Początek XX wieku w Warszawie, wzorem wielu innych miast Europy, charakteryzował się rozwiązaniami komunikacyjnymi, których bazą były linie tramwajowe. Już w 1903 roku próbowano zaopatrzyć w prąd warszawskie tramwaje prądem z Elektrowni Powiśle, prądem oczywiście zamienianym na stały o napięciu 600 V. Rozwiązanie to jednak nie dawało gwarancji niezawodności, stąd władze doszły do wniosku, że należy stworzyć własną tramwajową elektrownię, której położenie będzie znacząco lepiej usytuowane i połączone z siecią tramwajową. Powstałe plany zaczęto wcielać w życie w latach 1905-1908.
Co ciekawe, siedziba elektrowni przy ulicy Przyokopowej miała jeszcze jeden ważny walor - była usytuowana dość blisko stacji towarowej kolei Warszawsko-Wiedeńskiej, co znacząco oszczędzało czas zaopatrzenia elektrowni w węgiel kamienny, który był podstawą wytwarzania prądu. Nad całością górował na swój sposób piękny, neoromański gmach, którego budowa została ukończona w 1909 roku. Do gmachu tego dołączonych było kilka budynków, z których najważniejszym okazała się hala maszyn z trzema ogromnymi turbinami parowymi i generatorami prądu stałego. Całość zasilana była sześcioma kotłami parowymi, a całość instalacji posiadała łączną moc 3600 kW.
Nie były to jedyne zabudowania elektrowni, bo działanie tego zakładu wymagało jeszcze urządzeń do skraplania pary, zespołów pomp, warsztatów wraz z magazynem części zamiennych, gdzie dokonywano niezbędnych napraw. Nieodzowna była także akumulatornia, której zadania były bardzo ważne o różnych porach doby. Dzięki niej wyrównywano wahania napięcia, a w godzinach największego ruchu, czyli zapotrzebowania na zasilanie tramwajów, traktowana była jako rezerwa mocy.
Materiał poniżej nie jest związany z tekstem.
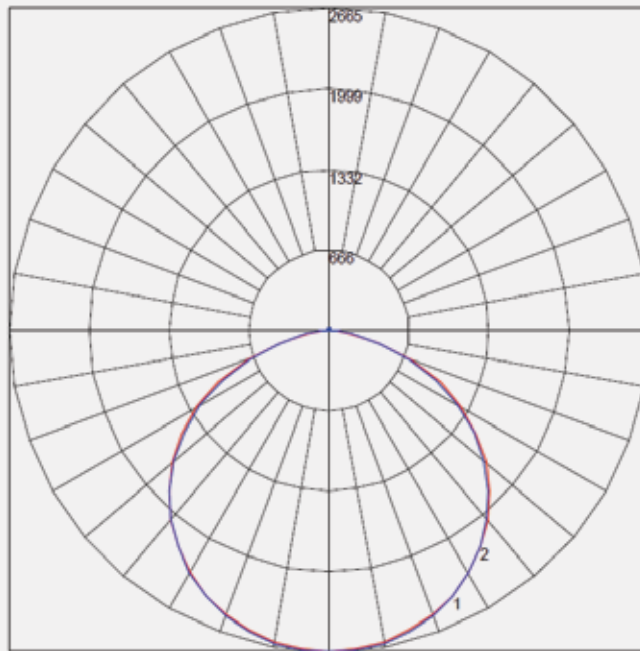

IES ROAD REPORT
PHOTOMETRIC FILENAME : MAG 45-MURP2 132 LED .IES

POLAR GRAPH

Maximum Candela = 2664.908 Located At Horizontal Angle = 90, Vertical Angle = 5
#1 - Vertical Plane Through Horizontal Angles (0-180)
#2 - Vertical Plane Through Horizontal Angles (90-270)

FEATURE	M45 0333	M45 0555
NOMINAL POWER	35 Watts	50 Watts
LUMINOUS FLUX (LM)	UP TO 4,854	UP TO 6,749
LUMINOUS EFFECIENCY (LM/W)	UP TO 148,5	UP TO 146,6
NUMBER OF LEDS	132	132
COLOR TEMPERATURE	4000K (STANDARD) 2200K / 3000K / 5000K / 6500K (OPTIONAL)	
LED LIFETIME (HOURS) @ TA 25 °C	L90B10 > 100 000 HRS	
CRI	>70	
DIFFUSER	GLASS	
NOMINAL INPUT VOLTAGE	220V - 240V	
OPERATING TEMPERATURE	-25°C to 50°C	
SURGE PROTECTION	10kV (Standard) 20kV (Optional)	
IP RATING	IP66	
OPTIONAL EXTRAS	30°, 60°, 90°, OVAL, ASYMMETRIC	
GROSS WEIGHT	5KG	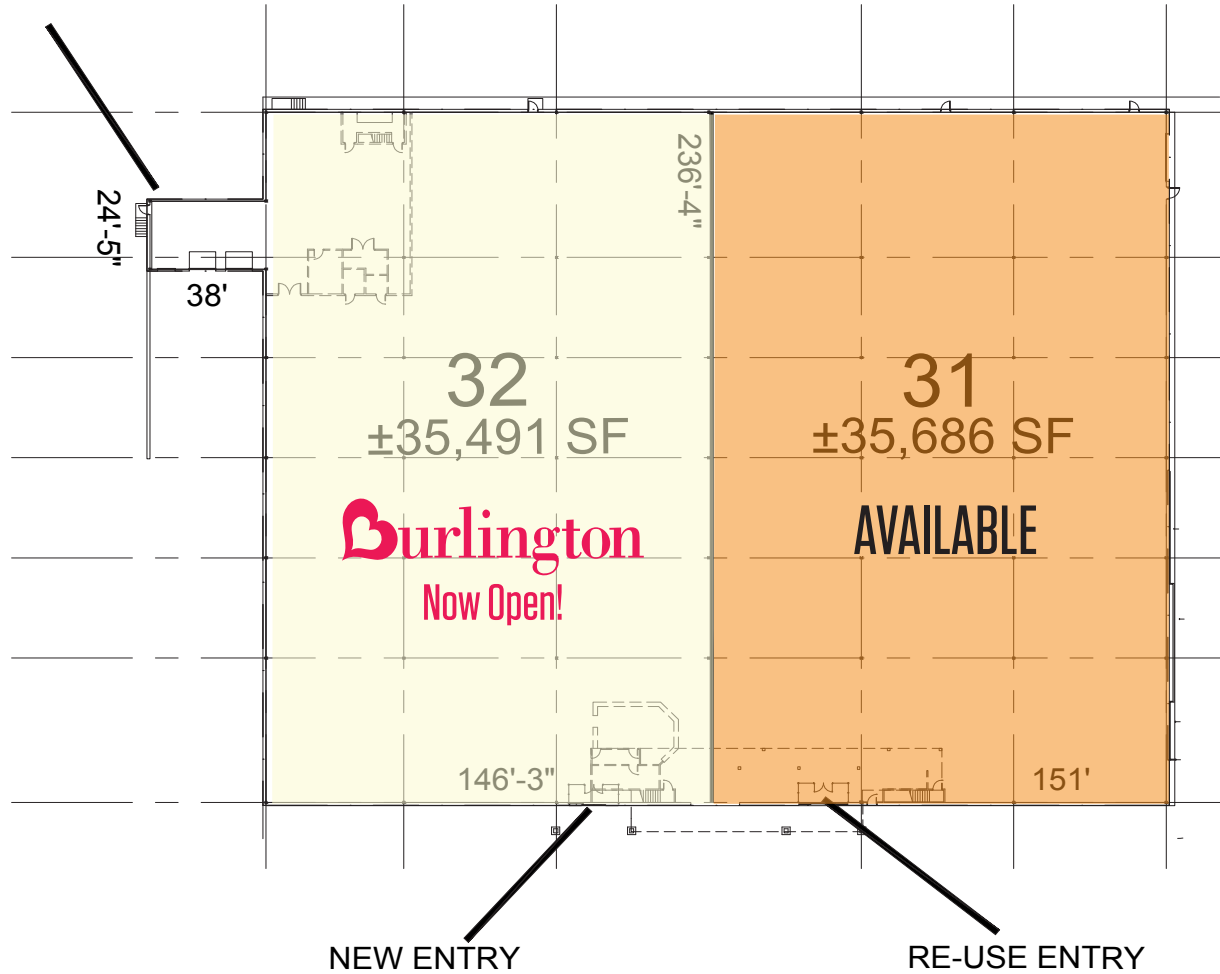

LARGO TOWN CENTER

950 Largo Center Dr, Upper Marlboro, MD 20774
Prince George's County

LOADING DOCK

SITE PLAN

Matt Skalet
mskalet@klnb.com
202-420-7775

Cooper Henry
chenry@klnb.com
443-632-2085

100 West Road, Suite 505
Towson, MD 21204
klnb.com

klnb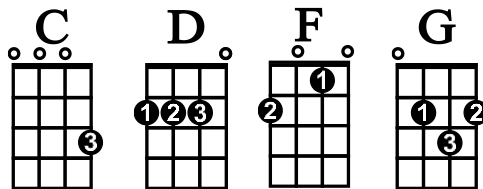

I'm a Believer in G

Intro: |G / C / |F (hold) |F (hold)

Verse 1:

↓ ↓↑ ↓↑ ↓↑
1 + 2 + 3 + 4 +

|G |D |G |G
I thought love was only true in fairy tales

|G |D |G |G⁷
Meant for someone else but not for me

|C |G
Love was out to get me (Do do do do do do)

|C |G
--that's the way it seemed (Do do do do do do)

|C |G |D |D (stop)
--Disappointment haunted all my dreams

Chorus:

Solo |G / C / |G / C / |G / C / |G / C / **Riff for chorus**
Then I saw her face - now I'm a be- liever

Verse 2:

|G |D |G |G
I thought love was more or less a givin' thing

|G |D |G |G⁷
It seems the more I gave the less I got

I'm a Believer – 2

|C |G
What's the use in tryin' (Do do do do do do)

|C |G
--all you get is pain (Do do do do do do)

|C |G |D |D (stop)
--When I needed sunshine I got rain

Play Chorus

Instrumental: |G |D |G |G |G |D |G |G⁷
Ooooh

Verse 3:

|C |G
Love was out to get me (Do do do do do do)

|C |G
--that's the way it seemed (Do do do do do do)

Co ciekawe, w godzinach nocnych była jedynym źródłem zasilania - linie nocne były sporadyczne, a także w nocy odbywały się naprawy trakcji, a popsute wagony ściągane były do zajezdni. Dla potrzeb zaopatrzenia wybudowano także bocznicą kolejową i studnię artezyjską służącą do zwiększonego zapotrzebowania na wodę. Rozwiązania te czyniły z Elektrowni zakład na wskroś nowoczesny i pozwalający na dodatkowe planowanie przyrostu sieci tramwajowej w Warszawie.
To właśnie dzisiaj mija 114 lat od próbnego uruchomienia Elektrowni, od którego rozpoczęły się próbne jazdy tramwajów. Pierwszy elektryczny tramwaj wyjechał na ulice Warszawy dopiero 26 marca 1908 roku. Co smutne, w awarii z 1917 roku i wybuchu kotła zginął jeden pracownik, uhonorowany później pięknym i symbolicznym nagrobkiem na warszawskich Powązkach. Awaria spowodowała, że warszawiacy musieli 6 tygodni czekać na ponowny rozruch elektrowni i powrót elektrycznych tramwajów na ulice miasta.
Elektrownię częściowo zniszczyły naloty niemieckie w początkach wojny. Jednak także okupant rozumiał, że duże i żyjące miasto wymaga właściwej sieci komunikacyjnej, a tramwaje były jej najlepszym rozwiązaniem. Elektrownia więc odzyskała swoją moc odbudowana do 1941 roku. Niestety 6 sierpnia 1944 roku została ponownie zbombardowana, a z końcem powstania wysadzono resztę murów. Zniszczenia sięgnęły 90 proc. elektrowni i komunistyczne władze zdecydowały nie odbudowywać jej.
Odbudowana ciepłownia z 2003 rokiem została przeznaczona na Muzeum Powstania Warszawskiego. Dlatego też zawsze, kiedy udamy się do tego wspaniałego miejsca pamiętajmy o jego wcześniejszym historycznym przeznaczeniu - tam ogniskują się nasze myśli o bohaterskich mieszkańcach Warszawy z okresu powstania, ale też historia polskich tramwajów elektrycznych. Co ciekawe, chyba najlepszy dojazd do Muzeum jest właśnie dzięki kilku liniom tramwajowym jadącym ulicą Okopową - nawet przystanek nazywa się "Muzeum Powstania Warszawskiego".